%%
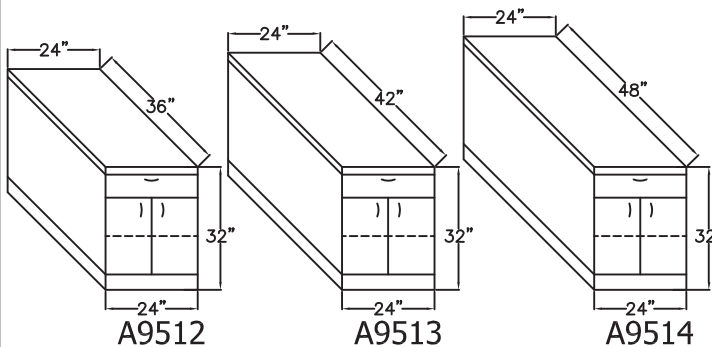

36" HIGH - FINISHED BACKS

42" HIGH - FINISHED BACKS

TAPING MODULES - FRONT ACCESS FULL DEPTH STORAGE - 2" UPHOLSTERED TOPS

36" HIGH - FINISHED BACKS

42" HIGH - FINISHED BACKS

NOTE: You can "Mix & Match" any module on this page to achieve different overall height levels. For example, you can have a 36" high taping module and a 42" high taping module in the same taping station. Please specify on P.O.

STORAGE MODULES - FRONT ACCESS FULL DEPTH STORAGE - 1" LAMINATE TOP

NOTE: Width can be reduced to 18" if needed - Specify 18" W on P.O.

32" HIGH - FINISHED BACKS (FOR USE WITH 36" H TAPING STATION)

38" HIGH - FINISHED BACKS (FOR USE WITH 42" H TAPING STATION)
%%
INSTRUCTIONS TO FOLLOW —
Filtering the entries above by the word "NOTE", copy each line that matches.

ANSWER SECTION —
NOTE: You can "Mix & Match" any module on this page to achieve different overall height levels. For example, you can have a 36" high taping module and a 42" high taping module in the same taping station. Please specify on P.O.
NOTE: Width can be reduced to 18" if needed - Specify 18" W on P.O.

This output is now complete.